Why should it cost a lot of money to supply people with methadone?
The actual methadone doesn't cost so much, what brings up the price is the cost of administering the program; the cost of the paperwork and the people who fill out the paperwork and perform other administrative work.
right. like for example, they have to personally dispense the methadone to each person AND the person has to consume the methadone on premises in front of them. at least that's how it works in the methadone clinic i saw.
If you aren't going to legalize drugs and end government health care and entitlements, then you might as well keep them on methadone, its cheaper over a lifetime than keeping them in the courts and in jail.
A few decades back, the UK government /did/ dispense actual heroin to addicts. It swapped to methadone. Why? Why not swap back?
Why not make them pay for their own fucking highs?
I'm a heroin/cocaine addict of 15 years. I got off of it. I've been clean for 2 years now. How I did it was with Suboxone. They should be giving these people Suboxone and mental treatment to go with it. Then eventually (within a year or two) taper them down and rehabilitate them!
Pressing The Issue
Suboxone doesn't work for everyone. I can't stand the shit.
Breaking the PHYSICAL addiction is nothing--addicts do it all the time, by force, by inavailability of the drug, or by choice. The problem is, they cannot STAY clean. This is often due to permanent changes in the brain chemistry that occur in long term opioid users--changes that involve the brain's ability to produce natural opiates (endorphins).
When endorphins are not produced the patient suffers from severe depression, inability to feel pleasure, irritability, anxiety, physical exhaustion. THIS is what leads to repeated relapses as the desperate patient attempts to self medicate this ongoing misery.
In many cases, this impairment is NOT reversible--no amount of abstinence will cure it. Counseling and therapy cannot cure it. It must be addressed medically, just as most other diseases of the brain chemistry (schizophrenia, depression, bipolar, etc).

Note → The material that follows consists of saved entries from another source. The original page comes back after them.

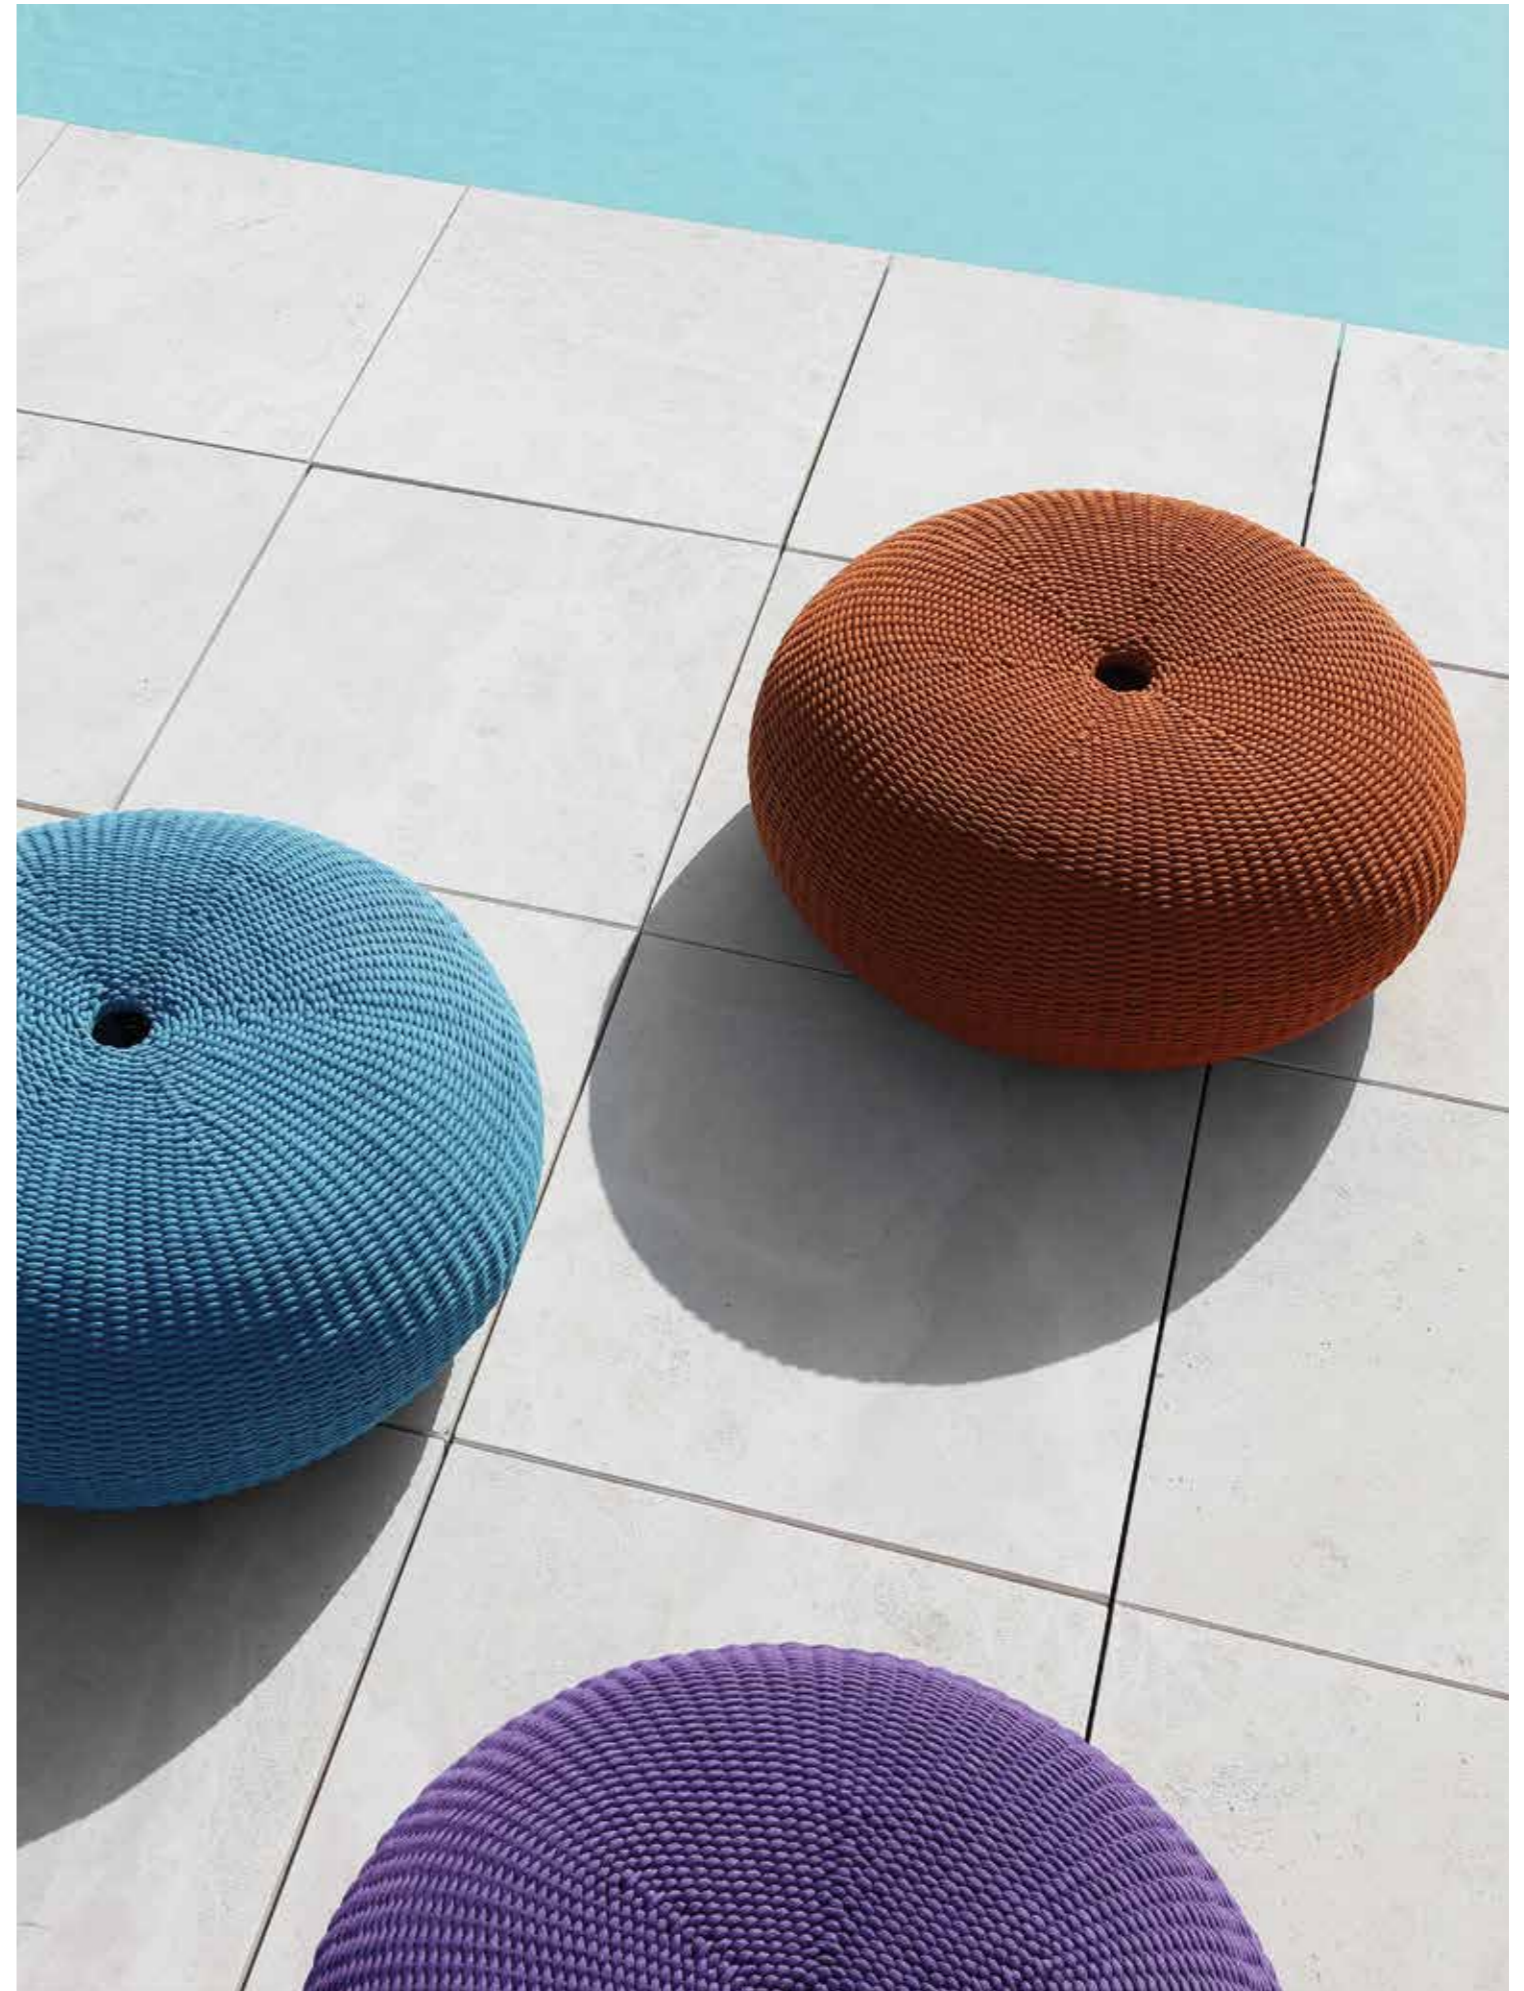

n o d o

Around
the water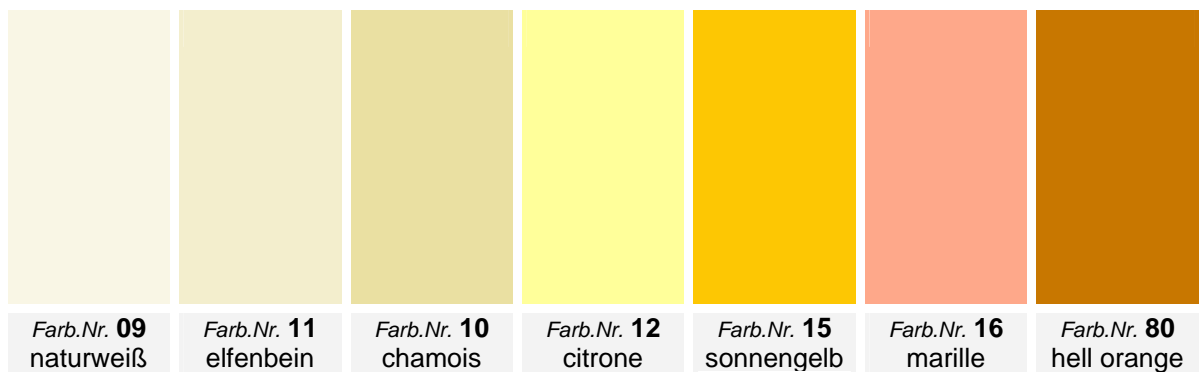

office@putrich.at

Papiergroßhandels-gesellschaft Putrich & Sohn 1030 Wien Vordere Zollamtsstraße 11

Tel. ++43/1/715 11 76 0 Fax ++43/715 11 76 10

www.putrich.at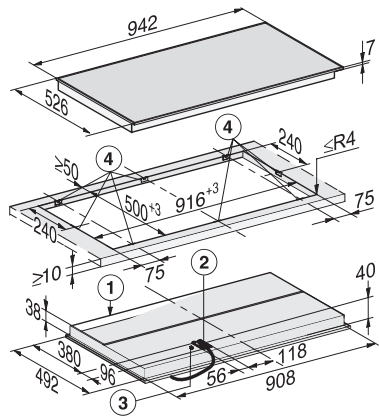

KM 6565 FR

Herdunabhängiges Elektrokochfeld
in maximaler Breite für bestmöglichen Koch- und Bedienkomfort.

EAN: 4002515992913 / Materialnummer: 10881860 / Alte Materialnummer: 26656500CH

Zeitdauer bis automatisches Schalten in Aus-Zustand in min	20
Zeitdauer bis automatisches Schalten in Bereitschaftsbetrieb in min	20
Zeitdauer bis automatisches Schalten in vernetztem Bereitschaftsbetrieb in min	20
Pflegekomfort	
Leicht zu reinigende Glaskeramik	•
Sicherheit	
Sicherheitsausschaltung	•
Verriegelungsfunktion	•
Inbetriebnahmesperre	•
Überhitzungsschutz	•
Restwärmeanzeige	•
Technische Daten	
Abmessungen (H x B x T) in mm	40 x 942 x 526
Abmessungen in mm (Breite)	942
Abmessungen in mm (Höhe)	40
Abmessungen in mm (Tiefe)	526
Ausschnittmasse in mm (Breite) bei aufliegendem Einbau	916
Ausschnittmasse in mm (Tiefe) bei aufliegendem Einbau	500
Unterkastenhöhe mit Anschlusskasten in mm	43
Gewicht in kg	13
Gesamtanschluss in kW	9,20
Länge der elektrischen Leitung in m	1,4
Spannung in V	400
Frequenz in Hz	50
Mitgeliefertes Zubehör	
Glasschaber	•
Anschlusskabel	Ja

KM 6565 FR

Herdunabhängiges Elektrokochfeld
in maximaler Breite für bestmöglichen Koch- und Bedienkomfort.

KM 6565 FR (Skizze)

- 1) Vorn, 2) Netzanschlusskasten mit Netzanschlussleitung,
Einbauhöhe = 40 mm, Netzanschlussleitung L = 1440 mm,
3) Anschluss WLAN Stick, 4) Klemmfedern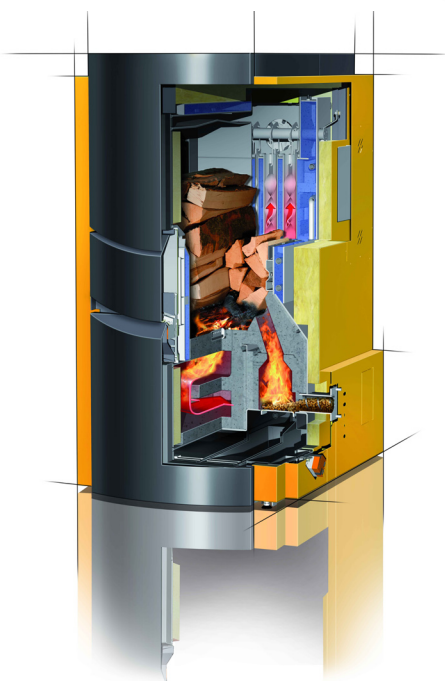

HOUT  **VERGASSER**
CV KACHELS - ZONNEPANELEN - ZONNEBOILERSYSTEMEN

De SHT **ThermoDual**: spitstechnologie voor stukhout en pellets!

- geruisloze vergassingsketel voor **stukhout en een pelletketel in één!**
- nooit meer uw houtketel aansteken door de stabiele en **zuinige** automatische ontsteking (**keramisch element**)
- brandt **volautomatisch** op beide brandstoffen, aan een zeer **hoog rendement** (>90%).
- van 15 tot 40kW met **zeer ruim modulatiebereik**, reeds vanaf 4,5kW!
- uitgerust met een **lambda-sonde** die een zeer zuivere verbranding garandeert
- Een **geïntegreerde regeling** stuurt, buitentemperatuurafhankelijk, twee verwarmingskringen met tijdsinstelling, sanitair warmwatervoorziening en zonneboiler.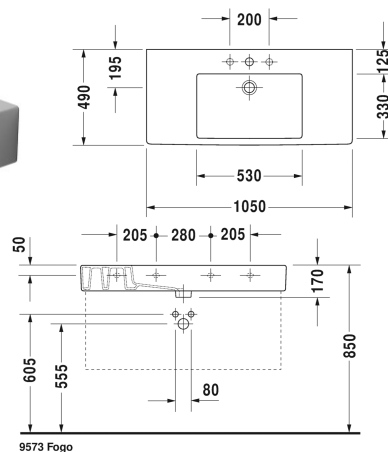

Vero Håndvask, møbelhåndvask # 032910..00 / 032910..30 /
032910..41 / 032910..44 / 032910..60 / 032910..70

|< 1050 mm >|

Håndvask, møbelhåndvask	Dimension	Vægt	Ordrenummer
med platform til hanehul, 1050 mm			
Farver			
00 Hvid (Alpin) 08 Sort			
Varianter			
● med overløb	1050 x 490 mm	32,200 kg	032910..00
● ● ● med overløb	1050 x 490 mm	32,200 kg	032910..30
● uden overløb	1050 x 490 mm	32,200 kg	032910..41
● ● ● uden overløb	1050 x 490 mm	32,200 kg	032910..44
☒ med overløb	1050 x 490 mm	32,200 kg	032910..60
☒ uden overløb	1050 x 490 mm	32,200 kg	032910..70
Infobox			
For at montere håndvaske fra størrelse 1000 mm er det nødvendigt med 2 sæt monteringsbolte til håndvaske #6951000000			
Porcelæn med Wondergliss vil forblive ren og pæn i lang tid. Hvis du vil bestille produkter med Wondergliss tilføjer du "1" som det 11. tal i Duravit nummeret.			
Tilbehør			
Vandlås		1,500 kg	005036
Pladsbesparende vandlås	1 1/4" mm	0,400 kg	005076
Håndklædeholder firkantet 14mm, krom	1009 mm	0,600 kg	003035
Metalstativ højde justerbar +50 mm, til håndvask # 032910		3,300 kg	003072

Methadone serves to normalize the brain chemistry without causing a high or euphoria, in the same way that a diabetic requires insulin because the pancreas is no longer making it. Most MMT patients will require long term replacement therapy, so a goal of complete abstinence from methadone is unrealistic.
As for Suboxone--it is intended primarily for those with light habits of short duration. Due to it's ceiling effect, it is not usually strong enough to control the symptoms of heavy users--the two medications are not interchangeable. And even those for whom it does work often need long term therapy as well.
If we haven't learned by now that just detoxing someone does not solve their addiction problem, that is a sad sad thing.
Lastly, the primary reason the UK has so many MMT patients who continue to use opiates is that they grossly underdose patients. The average needed dose is 80-120 mgs, but the UK avg dose is 30-40 mgs---less than half the usual minimum required dose.
Doses of over 80 mgs block the effects of other opiates--therefore, addicts on a blocking dose would have no incentive to use opiates as they would feel nothing at all from them. Yet, this minimum dose is almost never reached in the UK. Is it any surprise then that patients who are being thrown into withdrawals each evening as their inadequate dose wears off would try to stave off the misery by continuing to use?
If we give a 300 pound man with an infection a dose of antibiotic meant for an infant, and he does not get well, do we blame the drug? Or do we blame the inadequate dose?
Given correctly, MMT is the most effective treatment available for opioid addiction, by FAR. Here in the USA where almost everyone is shipped off to residential rehab at the first sign of trouble, the success rate of abstinence based rehabs in treating opioid addiction is ABYSMAL. WHy not learn from this example? MMT was not created because abstinence treatment was working well, you know.